Sniffarono altre quattro o cinque righe a testa, per poi spostarsi al Bounty Killer, un locale situtato ad un centinaio di metri dall’ albergo.

AL BOUNTY K.
Chitarrista e batterista si misero a sedere sui tavoli all’aperto, affacciati su un affollato marciapiede. Ordinarono due calici di champagne, quello economico da “medie occasioni”, che però si lasciava gustare.
La conversazione si susseguiva frenetica, in linea con l’effetto della coca. Ciascuno parlava con grande piacere, talvolta faticando a comprendere quanto realmente dicesse l’altro o dimenticando dove egli stesso volesse finire a parare.  Attaccarono anche bottone con un paio di ragazze, ma erano troppo su di giri e in capo a cinque minuti finirono per perdere interesse. Quando nell’aria echeggiò un riff di chitarra di ascendenza zeppeliniana, le abbandonarono letteralmente al tavolo, con i loro drink appena offerti.  All’interno del bar accanto, in una piccola e buia sala semi-aperta, una band di capelloni si preparava per l’esibizione notturna. I due amici si erano catapultati lì .
«Non male questi, eh ?»
«Si,  son belli energici.  E fanno parti molto carine.»
Anche il cantante ottenne la loro approvazione, e non tardarono a manifestargliela di persona quando una decina di minuti più tardi il gruppo ebbe finito le prove. Partì ovviamente un giro di birre e si gettarono le basi per un gemellaggio musicale.
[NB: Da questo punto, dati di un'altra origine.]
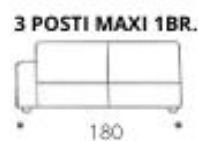

# Brera

**ALTEZZA:** 70 cm

**PROFONDITÀ:** 93 cm

**ANGOLO TERMINALE**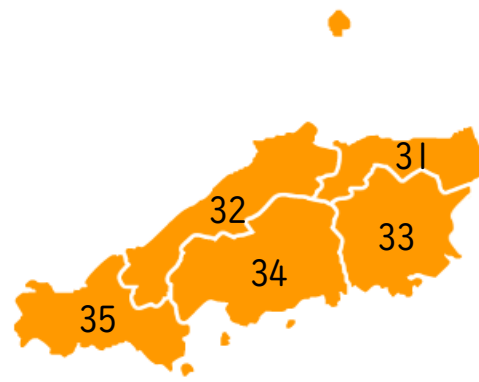

38

	愛	え
	媛	ひめ
	県	けん

37

	香	か
	川	がわ
	県	けん

36

	徳	とく
	島	しま
	県	けん

39

	高	こう
	知	ち
	県	けん

しこく ちほう  
四国地方

32

	島	しま
	根	ね
	県	けん

31

	鳥	とつ
	取	とり
	県	けん

ちゅうごくちほう  
中国地方

35

	山	やま
	口	ぐち
	県	けん

34

	広	ひろ
	島	しま
	県	けん

33

	岡	おか
	山	やま
	県	けん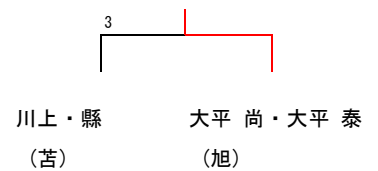

Cブロック

	大平尚大平泰	川上縣	北村大槌	岡田木下	順位
1	大平尚大平泰(旭)	④	④	④	1
2	1	川上縣(苦)	④	④	2
3	0	0	北村大槌(函)	3	4
4	0	0	④	岡田木下(釧)	3

Dブロック

	長谷川下里	望月坂巻	阿部渡邊	土屋高橋遼	順位
1	長谷川下里(函)	④	④	④	1
2	1	望月坂巻(釧)	0	0	4
3	2	④	阿部渡邊(旭)	④	2
4	0	④	0	土屋高橋遼(苦)	3

◎男子(決勝トーナメント) (英字はブロック名、添字はブロック内順位)

3位決定戦

女子ダブルス

長谷川・福田 (函)

小池・真崎 (旭)

高橋・中野 (苫)

笹森・林 (函)

今井・本間 (苫)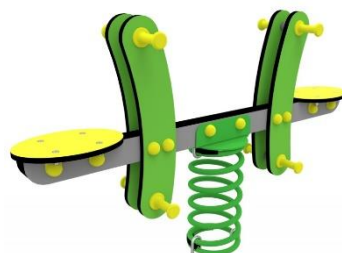

Aire de Jeux Limousin

Aire de jeux composée de la structure 0201 + le portique 1423 + le jeu ressort 0601 + 1 panneau d'information réglementaire + le registre de sécurité : Poteaux en acier galvanisé peints. Panneaux couleur en HPDE haute densité. Glissière toboggan et chaîne en INOX. Plateforme et plan incliné en HPL antidérapant. Entretien limité.

Certificats de conformité délivrés par le bureau de contrôle TÜV.

- PORTIQUE Balançoire ST1423
- Zone de sécurité : 18.10m²
- Longueur : 1.94 m
- Largeur : 3.16 m
- Hauteur totale : 2,33 m
- Hauteur de la chute libre : 1,30 m
- Tranche d'âge : 3-12ans
- Conforme aux normes EN 1176-1: 2017

Jeu ressort double 0601

- Zone de sécurité 12,58 m²
- Longueur 1,40 m
- Largeur 0,30 m
- Hauteur totale 0,84 m
- Hauteur de chute libre <0,60 m
- Tranche d'âge 1-12 ans
- Conforme aux normes EN 1176-1: 2017

Structure acier deux tours 0201

- Zone de sécurité 35,46 m²
- Longueur 3,61 m
- Largeur 3,45 m
- Hauteur totale 3,21 m
- Hauteur de chute libre 1,20 m
- Tranche d'âge 3-14 ans
- Conforme aux normes EN 1176-1: 2017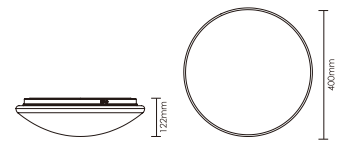

Warm White 3000K
暖色

Natural White 4000K
自然色

Cool White 6000K
冷色

CC400R

Power 功率	CRI 显色指数	Beam Angles 光束角	Lumens 流明	CCT 色温	Model No. 型号
24W	82	120°	1680lm/1840lm/1800lm	3000K/4200K/6000K	CC400R
24W	82	120°	1680lm/1840lm/1800lm	3000K/4200K/6000K	CC400R-MS ¹
24W	82	120°	1680lm/1840lm/1800lm	3000K/4200K/6000K	CC400R-EM ²
24W	82	120°	1680lm/1840lm/1800lm	3000K/4200K/6000K	CC400R-MS-EM ^{1,2}

Input Voltage / 输入电压: 220-240V Power Factor / 功率因数: 0.95
Weight / 重量: 1150g Dimensions / 尺寸: Ø400x122mm

PMMA diffuser
PMMA灯罩

CC400R-MS

Ceiling light with motion sensor

Detection Area

Tri-level Dimming Control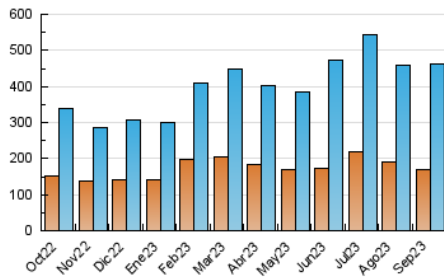

4.2 Por franja horaria (promedio)

Visitas_ (x 1000)

Páginas (x 1000)

4.3 Por meses

N. únicos / Visitas (x 1000)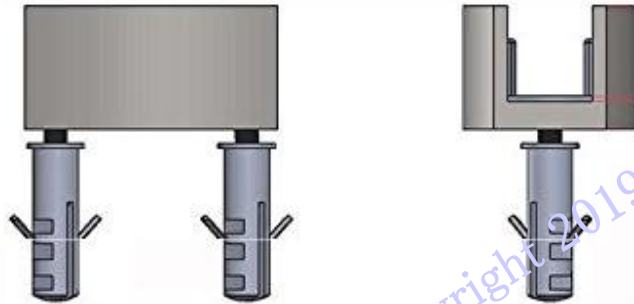

## SPODNÉ VODIDLO PRE CELOSKLENNE DVERE

Copyright 2019 UniTrEx s.r.o. Copyright 2019 UniTrEx s.r.o.

Zvislý pohľad

**Upozornenie: \***  
Na stavbe skontrolovať  
rozmery pred výrobou dverí.

# CELOSKLENENÉ DVERE: SCORRO (DOPPIO)

Upozornenie: \*  
Na stavbe skontrolovať  
rozmery pred výrobou dverí.

**Vrchný pohľad**

**Zvislý pohľad**

SINGOLO BZ			
obchodný priechod	reálny priechod	sklo	
L x H	LR x *HR	N°	Lv x Hv
600 x 1800-2700	590 x *1800-2700	1	640 x 1770-2670
700 x 1800-2700	690 x *1800-2700	1	740 x 1770-2670
750 x 1800-2700	740 x *1800-2700	1	790 x 1770-2670
800 x 1800-2700	790 x *1800-2700	1	840 x 1770-2670
900 x 1800-2700	890 x *1800-2700	1	940 x 1770-2670
1000 x 1800-2700	990 x *1800-2700	1	1040 x 1770-2670
1100 x 1800-2700	1090 x *1800-2700	1	1140 x 1770-2670
1200 x 1800-2700	1190 x *1800-2700	1	1240 x 1770-2670

**Upozornenie: \***  
**Na stavbe skontrolovať rozmery pred výrobou dverí.**

DOPPIO BZ			
Obchodni priechod	Realny priechod	SKLO	
L x H	LR x HR*	N°	Lv x Hv
1200 x 1800-2700	1200 x 1800-2700	2	640 x 1770-2670
1400 x 1800-2700	1400 x 1800-2700	2	740 x 1770-2670
1600 x 1800-2700	1600 x 1800-2700	2	840 x 1770-2670
1800 x 1800-2700	1800 x 1800-2700	2	940 x 1770-2670
2000 x 1800-2700	2000 x 1800-2700	2	1040 x 1770-2670
2200 x 1800-2700	2200 x 1800-2700	2	1140 x 1770-2670
2400 x 1800-2700	2400 x 1800-2700	2	1240 x 1770-2670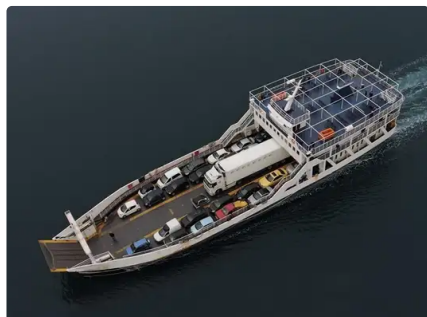

## Mezzo da sbarco, carro armato

ID nave	2923
Categoria	<a href="#">Mezzo da sbarco, carro armato</a>
Classe	INSB
Anno di costruzione	1979
Data aggiunta nave	2021-10-12
Aggiunto da	<a href="#">Georgia Sguraki (GO SHIPPING &amp; MANAGEMENT Inc.)</a>

## Peso misurato

DWT 347

## Dimensioni della nave

Lunghezza fuori tutto (LOA), m 55.6

## Informazioni aggiuntive

Motore principale 2 X CAT D3408T, 300BHP EACH + 1 X NISSAN R.D.10, 350BHP

Semovente

Navi simili [Mostra navi simili](#)Richieste [Richieste di acquisto corrispondenti](#)e-mail [Invia una email](#)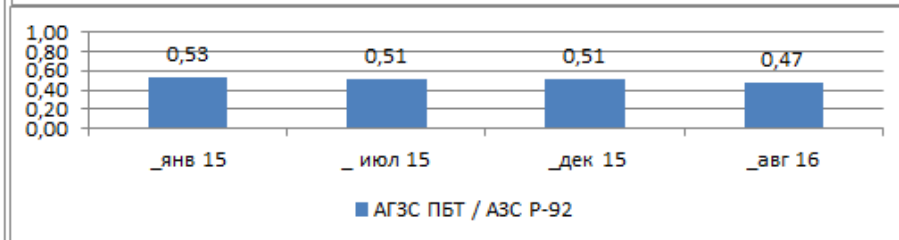

ПБТ-Сургут, RUB/MT ,Daily

Среднемесячная цена торгов, руб/т ст. Сургут

Среднесуточная цена торгов, руб/т ст. Сургут

Соотношение оптовых и розничных цен СУГ в РФ

Соотношение розничных цен СУГ и Р-92 в РФ; доходность розничного канала сбыта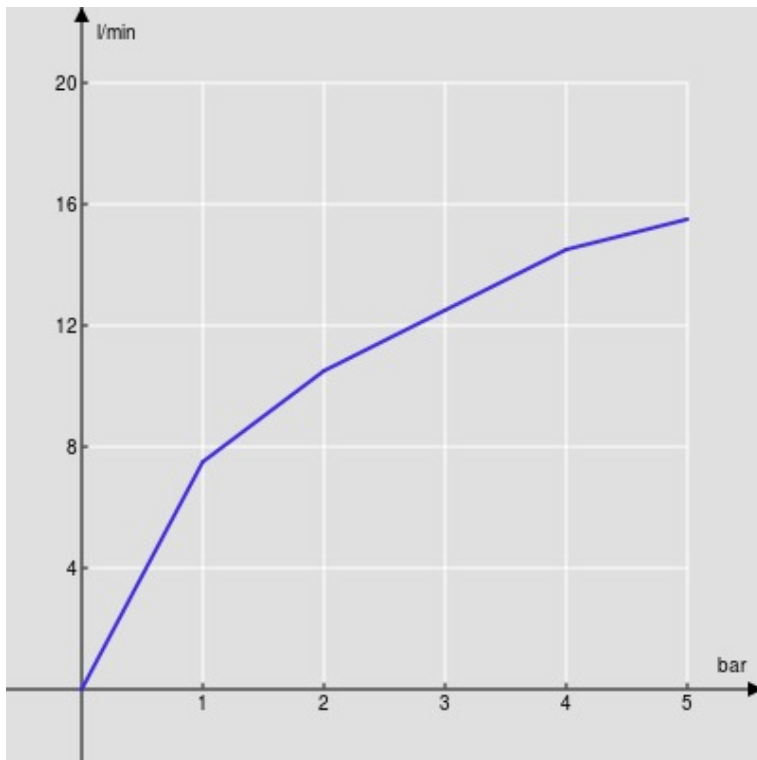

SPECIFICHE

Monocomando a bacinella

Chrome

Aeratore anticalcare M 18,5 x 1

Scarico 1 1/4" push

Flessibili inox ø 3/8"

Limitatore di portata con freno al 50%

Imballo: 56,5 x 29 x 7,1 cm / 0,01163 m<sup>3</sup> / 2,5 kg

DIAGRAMMA DI PORTATA: ACQUA CALDA/FREDDA

— Aeratore

DIAGRAMMA DI PORTATA: ACQUA MISCELATA

— Aeratore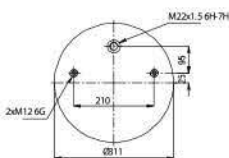

OE Part No

Bpw 05 429 4109 0
36-2

Verso le sei chiamò Zelda:
«Stasera sono libera. E’ ancora valida quella proposta di rendez-vous ?»
«Sicuro ! Vuoi che ci troviamo direttamente per cena ?»
«Mi sembra un’ ottima idea. Dove ci incontriamo ?»
«Vengo a prenderti io. Se non ricordo male stai al St. Regis.  Ti aspetto per le otto giù nella hall.  Ok ?»
«Aggiudicato. Allora a più tardi.»
«Ahh, sicchè ci abbandoni anche stasera !» disse con un sorridente rimprovero Julian.
«Eh, credo di si. Ma ad una certa ora potrei/potremo anche raggiungervi.
Dai, due vodke e poi rientro per prepararmi.»

HOTEL ST. REGIS  [ HALL ]
«Zelda, che  piacere rivederti !»
Era bellissima. E indossava una giacca in pelle verde che era la fine del mondo.
«Ciao caro ! E’ tanto che aspetti ?»
«Appena arrivato. Come ritardatario me la cavo anch’io… »
«Allora, dove eravamo rimasti ?» sussurrò Zelda mentre gli si avvicinava in maniera accattivante [si erano seduti su un divano] .
«Beh, eravamo rimasti… »  ma fu interrotto da un focoso abbraccio da parte della ragazza, che culminò in un bacio appassionato.